SOURCE MATERIAL:

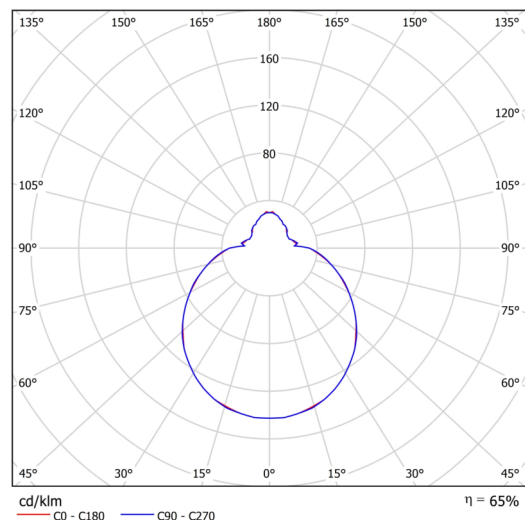

Leuchtdend

Leuchtenlichtstrom	1380/1440 lm
Lichtstrom der quelle	2130/2220 lm
Leuchteneffizienz	106 lm/W
Temperature	3000/4000 K
LED-Lebensdauer L80/B10	100000 Std.
CRI	Ra80
MacAdam	3
Fotobiologische Sicherheit der Leuchte	Risk group 0

PROBLEM STATEMENT:
Write out all of the records above. Keep them exact and leave out the pictures.

EXERCISE RESULT:
Leuchtdend

Leuchtenlichtstrom	1380/1440 lm
Lichtstrom der quelle	2130/2220 lm
Leuchteneffizienz	106 lm/W
Temperature	3000/4000 K
LED-Lebensdauer L80/B10	100000 Std.
CRI	Ra80
MacAdam	3
Fotobiologische Sicherheit der Leuchte	Risk group 0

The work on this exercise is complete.